##### Data to process #####

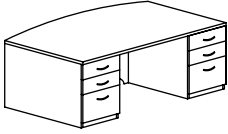

INNOVATIONS

DOUBLE PEDESTAL DESK W/ RECTANGULAR TOP

Model Number	D x W x H	List	Cube	Wt.
IN-DP-3672	36 x 72 x 29	\$2138	44	338

Features: Box/Box/File Pedestals & full height back panel

DOUBLE PEDESTAL DESK W/ BOW FRONT TOP

Model Number	D x W x H	List	Cube	Wt.
IN-FDP-3672	36-42 x 72 x 29	\$2191	46	351

Features: Box/Box/File Pedestals & full height back panel

CREDENZA WITH KNEE SPACE

Model Number	D x W x H	List	Cube	Wt.
IN-C-2472-FOF	24 x 72 x 29	\$1684	29	259

#####

The answer must be an exact copy of the lines from the one containing "CREDENZA WITH KNEE SPACE" through the last line of the records, both included.

Problem solution:
CREDENZA WITH KNEE SPACE

Model Number	D x W x H	List	Cube	Wt.
IN-C-2472-FOF	24 x 72 x 29	\$1684	29	259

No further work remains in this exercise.